CHIDEYA: When you speak to African-Americans, and we have, often, a very emotional as well as intellectual reaction to discussions of slavery, is there any difference for you speaking to a black American audience about slavery versus a white American or people from other nations? Is there something that resonates in a particular way? And if so, how do you use that in how you speak to people?

Dr. BALES: Well, indeed, there is. You're absolutely right. And I love to be able to talk to African-American audiences because they have such a great resonance with the issue of slavery. But there's always that first moment when I stand up and say, I'm going to talk about slavery, and all of those eyes look back at me and say, this white man is going to talk to us about slavery? This is our issue. And what does he know about slavery? He's not in history, he's today.

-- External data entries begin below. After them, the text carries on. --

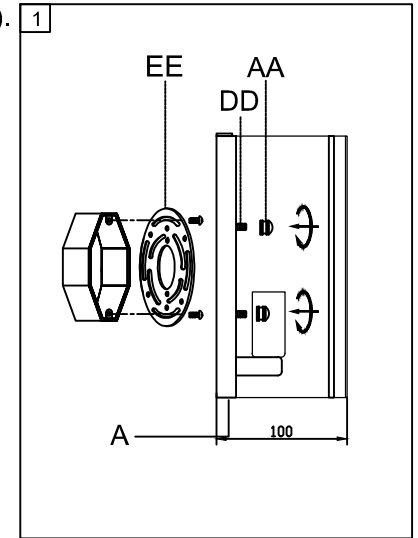

Trade Mark:
CRYSTAL WORLD INC

Product Name: Wall lamp
Model :9832W8-106
120Vac, 60Hz,AC ONLY
Lamp Size:W8"xH8"xE4"

Intertek
4006677

WALL LAMP ASSEMBLY INSTRUCTIONS

1. Place fixture (A) onto Butterfly (EE).
Secure with cap nuts (AA).

Hardware Used

AA Cap nut		X 2
DD Mounting screw		X 2

2. Install light bulbs (not included).
Use bulb
120V E12 1*40W Max.

But what I discover is that if I'm given a chance to go to the second paragraph and have a chance to show film clips, for example, of those young men in West Africa who are enslaved in coco production or other types of slavery around the world. And I explain the exact similarities between those hereditary slaves in Mauritania or India with those of Alabama or Mississippi before the Civil War. African-Americans say, you're right, this is slavery too. And in many ways, we feel this all the more strongly because we have that in our family histories. And we know that if it was bad for our family, it's bad for any family.

CHIDEYA: Kevin, thanks so much.

Mr. BALES: It's been great.

CHIDEYA: Kevin Bales is an author and a human rights activist. His book is called, "Ending Slavery: How We Free Today's Slaves?" And he joined us from our Washington headquarters.